A great TV show knows how to do a few things: Create great character interactions, entertain us (duh), and more often than not, give us thrilling cliffhanger moments. What season finale (or, sometimes, season premiere!) doesn’t benefit from an ending that keeps you begging for more? All of the best cliffhangers leave the show with the promise you’ll return, and you with months full of questions. They’re a mainstay for any popular TV show and one of the reasons we love television so much! Is there anything more exhilarating?
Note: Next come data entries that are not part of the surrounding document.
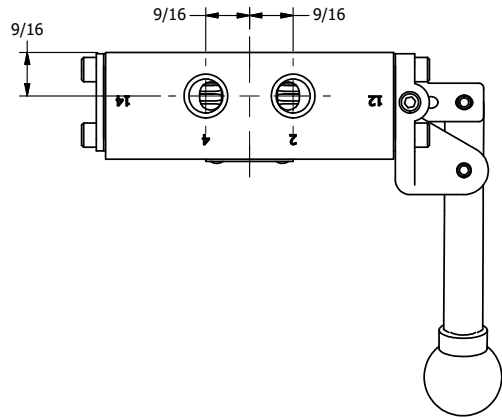

4

3

2

1

AAA
PRODUCTS
INTERNATIONAL

AAA PRODUCTS INTERNATIONAL
7114 Harry Hines Blvd
Dallas, TX 75235

TITLE: 1/4" SIDE PORT, LEVER, 3 POS,
DETENT, LEVER SHFT, FLOAT CTR SPL,
BNT LVR LFT, HVY DUTY

DRAWING NO.:
DIM_HD2GBLH

No show is immune to the suspenseful, cliffhanger ending. From astute dramas to hilarious comedies, they’ve all given us shocking twists and unbelievable moments. The best part of this type of episode ender is that you have no clue what is going on. It breeds a plethora of theories and a whole lot of Reddit convos about what the next episode may bring. We’re not going to lie, we love the craziness that comes from being utterly obsessed with the ins and outs of a cliffhanger ending. Here are some of the best ever cliffhanger episodes of TV!
16. Breaking Bad, “Full Measure”
Jesse (Aaron Paul) is a lot of things. He’s a drug dealer, a drug user, and an all-around shifty guy. But he’s not a murderer. Or so he thinks. When he’s tasked with killing Gale (David Costabile), whose knowledge of the meth-making operation may make Jesse and Walt (Bryan Cranston) unnecessary, he feels he can’t do it. But when it comes to his life or Gale’s, he finally takes the trip to Gale’s house. Gale opens the door, Jesse points the gun, and the screen goes to black as he pulls the trigger. This was the season three finale, so fans had to wait quite a while to find out if Jesse actually murdered someone or shot into the air. The cliffhanger isn’t just “Did Jesse do it?”, but also “Who will he be if he did?”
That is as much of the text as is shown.